With the first year of a new decade officially upon us, baseball fans have some special treats to look forward to on the calendar in 2010, a year that the United Nations has designated as the International Year of Youth.
In the United States, no sport brings back more fond memories of youth for a sports-mad nation than America's pastime, as baseball has been played and often simultaneously watched by generations of folks in cities, towns, boroughs and villages throughout each and every state for as long as most states have actually been states.
In a county where millions watch a ball drop to begin the year, millions more will watch a ball thrown, hit and caught over the course of 2010. The best places to do so are woven into the list below, which details the top ten baseball pilgrimages a fan can make during the upcoming season.

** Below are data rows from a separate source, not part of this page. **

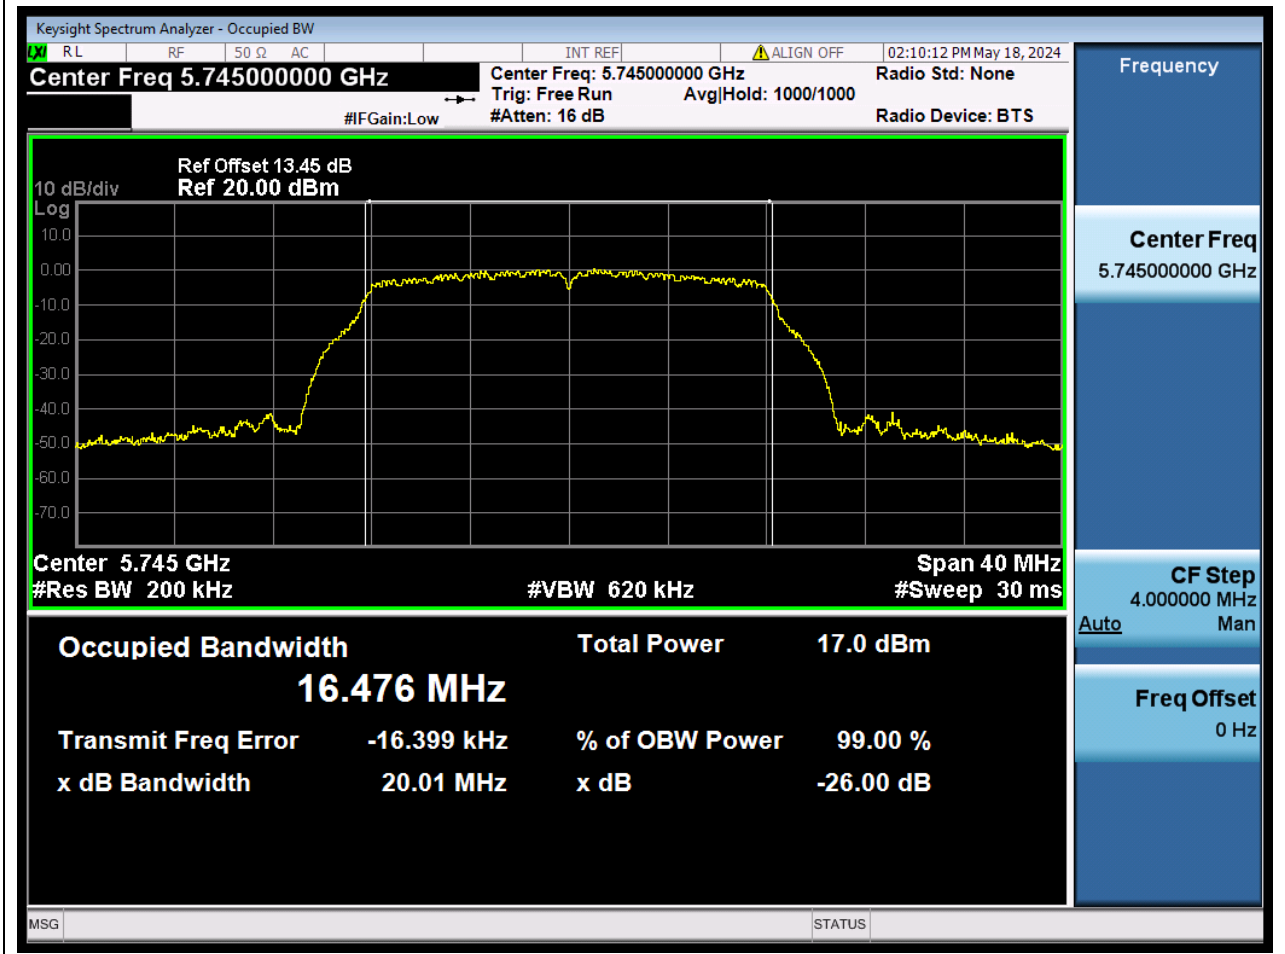

46. 802.11a_20M_U-NII-3_L

46.1. A.2-26dB Bandwidth(NTNV)

Center Frequency (MHz)	XdB Down	RBW (MHz)	Detector	Limit (MHz)	XdB BandWidth (MHz)	Verdict
5745	26	0.2	Peak	0	20.007627	N/A
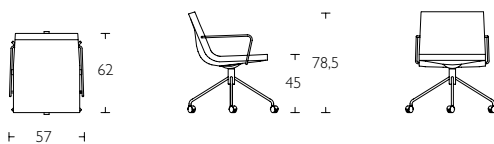

Bond Armchair with castors

S Stomme i formpressat trä med kallsaum. Klädd i tyg eller läder. Armledare och hjulstativ med 4 eller 5 hjul i krom.

En Frame in laminated wood with cold foam. Upholstered in fabric or leather. Armrests and frame with 4 or 5 castors in chrome.

G Korpus aus formverleimtem Holz mit Kaltschaum. Stoff- oder Leder bezug. Armlehnen und 4 oder 5 Rollen aus Chrom.

This product is available with all components approved by the Swan eco-label. For further information, visit www.offecct.se.
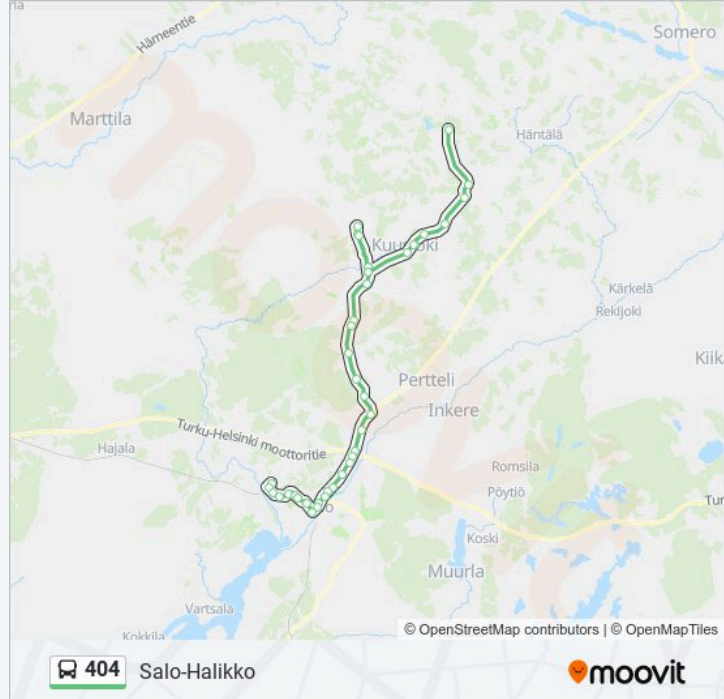

Puontinkatu E

Pirita E

Kela E

Linja-Autoasema, Mariankatu

Ammattiopisto

Tanelinkuja L

Pajulankatu

Rappula Th L

Uttelantie L

Kiertoliittymät P

Halikko Kirkko P

Armfeltin Koulu P

Kohde: Salo-Kuusjoenperä

39 pysäkkiä

[NÄYTÄ LINJAN AIKATAULUT](#)

Armfeltin Koulu E

# 10 - TEN TURN TEN IN '10
Three major league ballparks and seven in the minors will celebrate their 10th anniversary in 2010. In the majors, modern marvels opened in Detroit, Houston and San Francisco in 2000, while the current minor league ballparks that have reached their first double-digit longevity milestone are found in Chattanooga, Dayton, Kodak (TN), Louisville, Memphis, Round Rock (TX) and Sacramento. Given the year, it's fitting that ten ballparks turn 10-years old. Given their geographic disbursement, fans should be able to visit at least one of the first generation of 21st century ballparks during the season that commemorates their first decade of service.
The 10 Ballparks
# 9 - DINE AND DRINK AT HARRY THE K'S WHILE YOU STILL CAN
For 38 years, Harry Kalas was a fixture in the Phillies' broadcast booth. Out in left field, the bar and grille featuring his nickname and occupation has been a popular destination within Philadelphia's Citizens Bank Park since both opened in 2004. But 2010 could be the final year for Harry the K's Broadcast Bar & Grille, as the generous-to-the-team licensing agreement for usage of the Hall of Fame announcer's name and likeness expires at the end of the season, which would've been Kalas' 40th with the Phillies had he not passed away in the press box prior to a game at Nationals Park on April 13, 2009. Following Kalas' death, the ability to negotiate deals on his behalf fell to his widow, Eileen, who is seeking much better financial terms than the $1,000 a year plus a percentage of sales that Harry received from "his" restaurant, which Eileen Kalas claims was originally her idea. She has lawyered up and even though the Phils "want the naming to continue indefinitely," it remains to be seen whether attorney, client & team can reach a deal to ensure that Harry's signature chili will still be served at Citizens Bank Park's signature restaurant in 2011.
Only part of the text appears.